Description of the task:
Please show every line in the entries below that includes the word "Theatre".

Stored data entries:
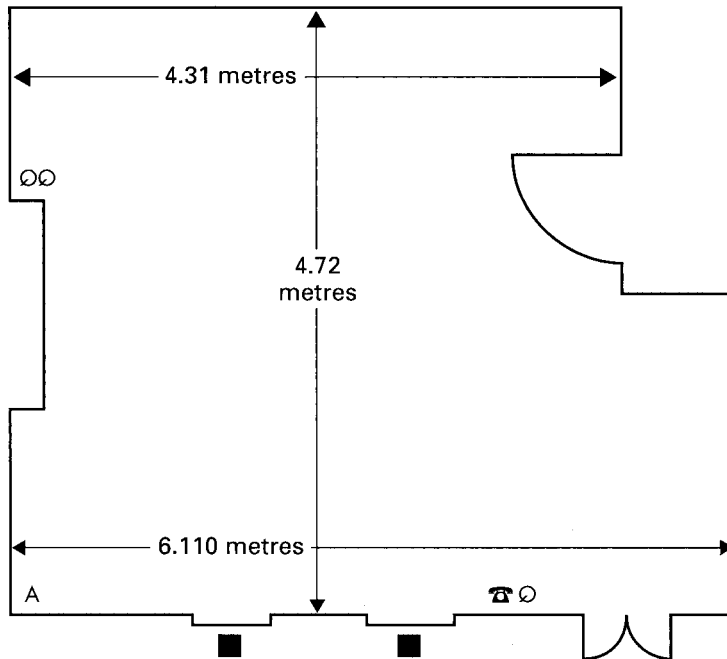

ST. GEORGE'S HOTEL

room plans

Mostyn Room

Length	6.11m
Width	4.72m
Heights	3.93m
Door Height	2.84m
Door Width	0.86m

CAPACITIES

CONFERENCE

Boardroom	16
Theatre Style	16
Classroom Style	12

DINING

Round Tables	12
Reception	

Key

-
- Single Plug
Socket
- ○
Double Plug
Socket
- ☎
Telephone
Point
- A
Aerial
- Window

ST. GEORGE'S HOTEL

room plan

Isaiah Suite

Area	55.5sq m
Length	11.1m
Width	5.1m
Heights	6.1m

Area	194.83sq m
Length	20.3m
Width	9.6m
Heights	6.1m
Door Height	2.5
Door Width	1.9m

CAPACITIES

CONFERENCE

Boardroom	45
Theatre Style	250
Classroom Style	200

DINING

Round Tables	180
Top Tables	260
U Shape	50
Reception	260

Key

-
- Single Plug Socket
- ○
Double Plug Socket
- ☎
Telephone Point
- A
Aerial
- Window
- ③
3 Phase

-  Classroom
80
-  Banquet
120
-  Cabaret
72
-  Theatre
130
-  Informal
160
-  Boardroom
40

Floor/level: Lower Ground
Room length: 20.6m (67ft 5in)
Room width: 10m (32ft 8in)
Ceiling height: 2.2m (7ft 2in)
Ceiling max: 2.4m (7ft 8in)
Floor area: 218 sq m (2346.5 sq ft)
Access: Room is lockable
Private Terrace
Lighting: Natural light
Coloured LED
Power: 6 x 13amp sockets
4 x Power points
2 x ISDN lines
Wireless Internet (Wi-Fi)
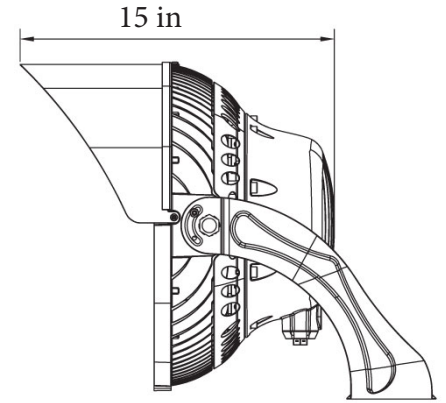

## Dimensions

## Product Performance Standard

Size	15 x 20 x 16 inch	Power Factor	90%
Weight	45 lb	Life Span	50,000 Hrs
IP Rate	IP65	Dimmable	1-10V Dimmable
Color Temp	4000K/5000K	Efficacy	Up to 146 lm/W
CRI	70	Warranty	10 Years
Input Voltage	200-480V	Ambient Operation Temperature	-40C° (-40°F) ~ 55C° (131°F)
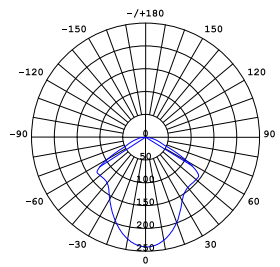

CASTLE P S

Photo Credit: Folk Design

CASTLE P S

CASTLE P S
SQ-7131CP
E27 1 x Max 12W CFL
concrete, steel
Canopy: A
Plate: A

CASTLE P M
SQ-7132CP
E27 1 x Max 23W CFL
concrete, steel
Canopy: A4
Plate: B2

CASTLE P L
SQ-7133CP
E27 1 x Max 23W CFL
concrete, steel
Canopy: A4
Plate: B2
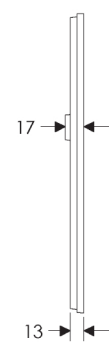

Stepped Escutcheon: 45mm x 279mm

SL330

BL330

EU330

BK330

OC330

*This center-center dimension will need to be verified before set can be ordered.

Result for this exercise:
Theatre Style	16
Theatre Style	250
-  Theatre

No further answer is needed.